Look through the data below for the string "LEDVANCE", and copy every line where it turns up.

---------- EXTRACTED DATA ----------

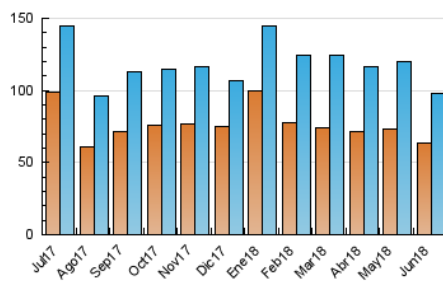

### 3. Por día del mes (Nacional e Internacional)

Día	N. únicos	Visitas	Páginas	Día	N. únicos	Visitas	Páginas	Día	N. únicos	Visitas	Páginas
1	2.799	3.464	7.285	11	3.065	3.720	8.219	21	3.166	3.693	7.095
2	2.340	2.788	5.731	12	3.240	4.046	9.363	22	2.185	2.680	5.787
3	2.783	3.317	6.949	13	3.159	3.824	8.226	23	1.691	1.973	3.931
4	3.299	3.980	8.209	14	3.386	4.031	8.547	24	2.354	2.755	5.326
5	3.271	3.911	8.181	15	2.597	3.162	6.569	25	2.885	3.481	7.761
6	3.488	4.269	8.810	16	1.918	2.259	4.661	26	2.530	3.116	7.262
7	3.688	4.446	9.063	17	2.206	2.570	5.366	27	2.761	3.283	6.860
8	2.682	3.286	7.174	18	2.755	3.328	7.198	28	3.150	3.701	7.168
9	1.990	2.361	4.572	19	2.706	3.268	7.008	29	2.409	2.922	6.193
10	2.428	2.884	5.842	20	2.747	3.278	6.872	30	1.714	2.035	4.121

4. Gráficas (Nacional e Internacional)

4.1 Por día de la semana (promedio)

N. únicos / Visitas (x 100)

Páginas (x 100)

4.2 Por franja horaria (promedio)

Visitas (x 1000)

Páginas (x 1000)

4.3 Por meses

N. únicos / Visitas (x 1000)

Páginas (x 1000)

----------
---------- EXTRACTED DATA ----------

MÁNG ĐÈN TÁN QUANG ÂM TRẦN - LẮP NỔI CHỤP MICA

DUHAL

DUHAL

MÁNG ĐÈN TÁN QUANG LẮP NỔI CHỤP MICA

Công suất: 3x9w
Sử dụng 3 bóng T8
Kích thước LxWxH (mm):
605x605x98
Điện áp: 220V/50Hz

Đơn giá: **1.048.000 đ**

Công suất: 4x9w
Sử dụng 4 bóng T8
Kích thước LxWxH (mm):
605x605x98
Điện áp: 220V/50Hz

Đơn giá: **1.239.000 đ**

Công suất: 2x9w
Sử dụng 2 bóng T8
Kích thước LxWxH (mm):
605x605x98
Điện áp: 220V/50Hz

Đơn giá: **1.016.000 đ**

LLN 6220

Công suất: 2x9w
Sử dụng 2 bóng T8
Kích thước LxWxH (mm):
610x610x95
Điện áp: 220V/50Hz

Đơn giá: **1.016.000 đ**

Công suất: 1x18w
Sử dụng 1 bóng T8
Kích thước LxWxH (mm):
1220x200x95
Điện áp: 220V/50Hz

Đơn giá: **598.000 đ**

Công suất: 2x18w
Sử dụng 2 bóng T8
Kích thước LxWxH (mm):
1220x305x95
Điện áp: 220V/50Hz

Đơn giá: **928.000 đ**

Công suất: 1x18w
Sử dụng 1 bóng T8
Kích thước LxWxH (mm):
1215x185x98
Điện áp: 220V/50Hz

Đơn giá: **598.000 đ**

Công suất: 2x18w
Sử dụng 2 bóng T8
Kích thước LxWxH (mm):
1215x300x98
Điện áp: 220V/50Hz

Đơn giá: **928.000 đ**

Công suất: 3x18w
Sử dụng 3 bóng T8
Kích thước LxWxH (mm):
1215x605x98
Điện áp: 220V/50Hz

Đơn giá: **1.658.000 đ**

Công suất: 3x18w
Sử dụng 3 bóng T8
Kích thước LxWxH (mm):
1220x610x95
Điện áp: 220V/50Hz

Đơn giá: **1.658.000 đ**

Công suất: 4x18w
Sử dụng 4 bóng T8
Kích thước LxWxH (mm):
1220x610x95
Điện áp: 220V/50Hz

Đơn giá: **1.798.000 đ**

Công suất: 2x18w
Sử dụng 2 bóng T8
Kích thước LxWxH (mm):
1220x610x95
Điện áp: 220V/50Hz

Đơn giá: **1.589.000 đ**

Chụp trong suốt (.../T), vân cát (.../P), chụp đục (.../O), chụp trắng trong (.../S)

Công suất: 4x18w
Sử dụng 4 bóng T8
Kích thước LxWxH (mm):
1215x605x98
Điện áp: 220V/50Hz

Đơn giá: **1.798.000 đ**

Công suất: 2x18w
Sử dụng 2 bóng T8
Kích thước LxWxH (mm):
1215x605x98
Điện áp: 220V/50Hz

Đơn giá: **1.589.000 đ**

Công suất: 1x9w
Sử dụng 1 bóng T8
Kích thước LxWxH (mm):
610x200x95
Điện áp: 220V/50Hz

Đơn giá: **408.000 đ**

----------
---------- EXTRACTED DATA ----------

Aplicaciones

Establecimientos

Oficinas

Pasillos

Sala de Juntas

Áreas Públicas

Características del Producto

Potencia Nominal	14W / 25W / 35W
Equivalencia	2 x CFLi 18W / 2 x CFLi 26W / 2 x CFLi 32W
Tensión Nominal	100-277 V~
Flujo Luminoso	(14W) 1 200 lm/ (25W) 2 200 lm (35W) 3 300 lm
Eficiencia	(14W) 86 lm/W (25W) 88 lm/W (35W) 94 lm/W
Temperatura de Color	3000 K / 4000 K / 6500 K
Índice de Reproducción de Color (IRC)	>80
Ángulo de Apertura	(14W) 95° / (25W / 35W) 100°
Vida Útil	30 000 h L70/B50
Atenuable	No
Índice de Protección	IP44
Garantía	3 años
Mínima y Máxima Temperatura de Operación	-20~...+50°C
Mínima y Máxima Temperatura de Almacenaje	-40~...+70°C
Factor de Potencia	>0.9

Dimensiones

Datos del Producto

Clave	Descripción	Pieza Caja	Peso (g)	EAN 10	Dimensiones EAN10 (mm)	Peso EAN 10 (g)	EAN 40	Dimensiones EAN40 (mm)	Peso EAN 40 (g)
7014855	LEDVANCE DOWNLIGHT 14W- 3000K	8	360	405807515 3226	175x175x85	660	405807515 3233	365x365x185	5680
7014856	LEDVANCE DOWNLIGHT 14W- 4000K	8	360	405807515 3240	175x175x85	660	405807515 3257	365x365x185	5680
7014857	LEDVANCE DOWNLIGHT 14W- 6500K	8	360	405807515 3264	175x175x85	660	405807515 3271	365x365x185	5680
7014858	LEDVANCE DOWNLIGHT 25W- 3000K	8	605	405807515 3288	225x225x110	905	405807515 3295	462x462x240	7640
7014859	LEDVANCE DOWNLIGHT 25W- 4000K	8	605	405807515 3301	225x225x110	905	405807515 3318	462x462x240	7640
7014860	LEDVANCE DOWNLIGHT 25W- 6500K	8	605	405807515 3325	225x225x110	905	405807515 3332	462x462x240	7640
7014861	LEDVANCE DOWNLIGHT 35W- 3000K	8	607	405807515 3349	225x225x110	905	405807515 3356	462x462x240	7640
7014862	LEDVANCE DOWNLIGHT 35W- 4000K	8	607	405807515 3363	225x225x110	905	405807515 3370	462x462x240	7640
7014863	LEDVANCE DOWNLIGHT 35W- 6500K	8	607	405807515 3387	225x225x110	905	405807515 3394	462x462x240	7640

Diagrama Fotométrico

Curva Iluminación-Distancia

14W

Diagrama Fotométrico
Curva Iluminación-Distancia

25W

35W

----------

§ **RESPONSE AREA**:
7014855	LEDVANCE DOWNLIGHT 14W- 3000K	8	360	405807515 3226	175x175x85	660	405807515 3233	365x365x185	5680
7014856	LEDVANCE DOWNLIGHT 14W- 4000K	8	360	405807515 3240	175x175x85	660	405807515 3257	365x365x185	5680
7014857	LEDVANCE DOWNLIGHT 14W- 6500K	8	360	405807515 3264	175x175x85	660	405807515 3271	365x365x185	5680
7014858	LEDVANCE DOWNLIGHT 25W- 3000K	8	605	405807515 3288	225x225x110	905	405807515 3295	462x462x240	7640
7014859	LEDVANCE DOWNLIGHT 25W- 4000K	8	605	405807515 3301	225x225x110	905	405807515 3318	462x462x240	7640
7014860	LEDVANCE DOWNLIGHT 25W- 6500K	8	605	405807515 3325	225x225x110	905	405807515 3332	462x462x240	7640
7014861	LEDVANCE DOWNLIGHT 35W- 3000K	8	607	405807515 3349	225x225x110	905	405807515 3356	462x462x240	7640
7014862	LEDVANCE DOWNLIGHT 35W- 4000K	8	607	405807515 3363	225x225x110	905	405807515 3370	462x462x240	7640
7014863	LEDVANCE DOWNLIGHT 35W- 6500K	8	607	405807515 3387	225x225x110	905	405807515 3394	462x462x240	7640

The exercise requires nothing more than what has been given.